### Source data
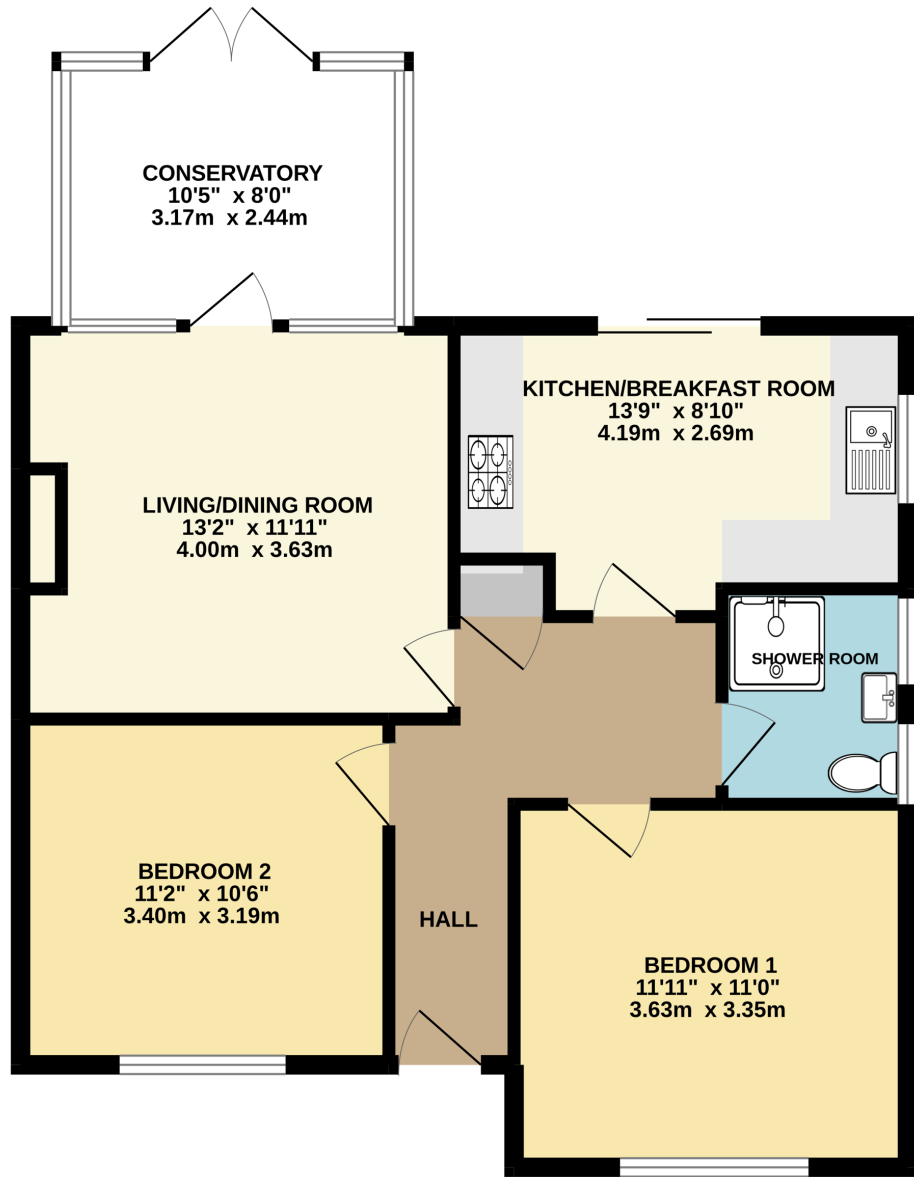

GROUND FLOOR
722 sq.ft. (67.1 sq.m.) approx.

ENTRANCE FLOOR

TOTAL FLOOR AREA : 722sq.ft. (67.1 sq.m.) approx.

Made with Metropix ©2022
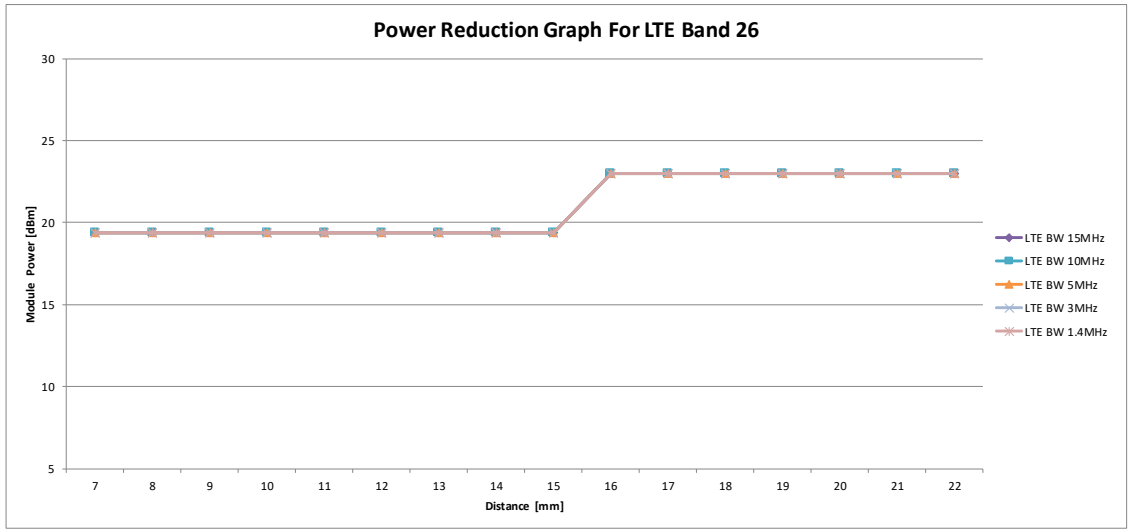

LTE B26

Coverage Step LTE Band 26																					
Distance	7	8	9	10	11	12	13	14	15	16	17	18	19	20	21	22					
DPR	ON	ON	ON	ON	ON	ON	ON	ON	ON	OFF	OFF	OFF	OFF	OFF	OFF	OFF					
LTE BW 15MHz	19.4	19.4	19.4	19.4	19.4	19.4	19.4	19.4	19.4	23	23	23	23	23	23	23					
LTE BW 10MHz	19.4	19.4	19.4	19.4	19.4	19.4	19.4	19.4	19.4	23	23	23	23	23	23	23					
LTE BW 5MHz	19.4	19.4	19.4	19.4	19.4	19.4	19.4	19.4	19.4	23	23	23	23	23	23	23					
LTE BW 3MHz	19.4	19.4	19.4	19.4	19.4	19.4	19.4	19.4	19.4	23	23	23	23	23	23	23					
LTE BW 1.4MHz	19.4	19.4	19.4	19.4	19.4	19.4	19.4	19.4	19.4	23	23	23	23	23	23	23
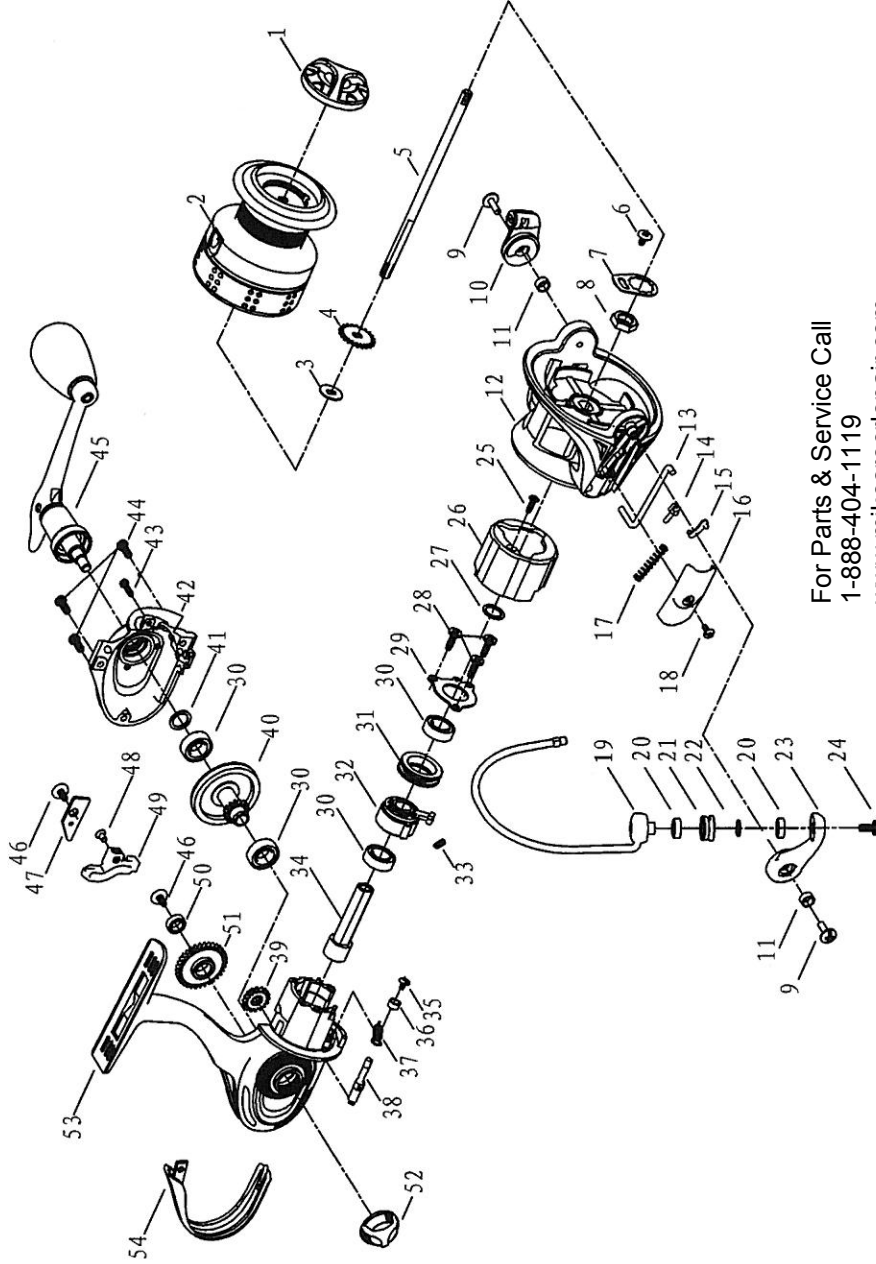

# MITCHELL®

**Model** M300PRO M308PRO

For Parts & Service Call  
 1-888-404-1119  
[www.mikesreertepair.com](http://www.mikesreertepair.com)

NO	PARTS DESCRIPTION	M300PRO	M308PRO
11	BUSHING(2)	1188261	1188261
12	ROTOR	1308697	1308713
13	BAIL TRIP LEVER	1308698	1308714
14	BAIL ARM SPRING GUIDE	1126272	1126272
15	BAIL ARM SPRING SHAFT	1252713	1252713
16	BAIL ARM COVER	1308699	1308715
17	BAIL ARM SPRING	1119106	1119106
18	BAIL ARM COVER SCREW	1125962	1125962
19	BAIL WIRE	1308700	1308700
20	ROLLER BALL BEARING(2)	1112125	1112125
21	LINE ROLLER	1252705	1252705
22	ROLLER WASHER	1110165	1110165
23	BAIL ARM	1308701	1308701
24	ROLLER SCREW	1126261	1126261
25	BODY HEAD COVER SCREW	1102139	1102139
26	BODY HEAD COVER	1308702	1308702
27	ONE WAY CLUTCH WASHER	1114764	1114764
28	ONE WAY CLUTCH SCREW(3)	1122123	1122123
29	ONE WAY CLUTCH COVER	1308703	1308703
30	BALL BEARING(4)	1252717	1252717
31	ONE WAY CLUTCH SUPPORT	1280475	1280475
32	ONE WAY CLUTCH ASSY (including sleeve)	1102144	1102144
33	AIR PULLING SPRING	1308704	1308704
34	PINION GEAR	1308705	1308705
35	AIR SWITCH SCREW	1131798	1131798
36	AIR SWITCH BUSHING	1279733	1279733
37	AIR SPRING	1252722	1252722
38	AIR SWITCH	1308706	1308706
39	REDUCTION GEAR	1252732	1252732
40	MAIN GEAR	1252725	1252725
41	MAIN GEAR WASHER	1114764	1114764
42	SIDE COVER ASSY	1308717	1308717
43	SIDE COVER SCREW	1117994	1117994
44	SIDE COVER SCREW(3)	1126084	1309755
45	HANDLE ASSY	1308708	1308708
46	SCREW(2)	1188428	1188428
47	SLIDE CLIP	1121651	1126332
48	SLIDE SCREW	1126454	1126454
49	SLIDE	1279738	1279738
50	OSCILLATION GEAR BALL BEARING	1085326	1085326
51	OSCILLATION GEAR	1253701	1253701
52	HANDLE CAP	1308709	1308709
53	MAIN BODY ASSY	1308710	1308710
54	REAR COVER	1308711	1308711

### Aim of the task
Please copy every line in the entries where "approx" appears.

### Result for this task
722 sq.ft. (67.1 sq.m.) approx.
TOTAL FLOOR AREA : 722sq.ft. (67.1 sq.m.) approx.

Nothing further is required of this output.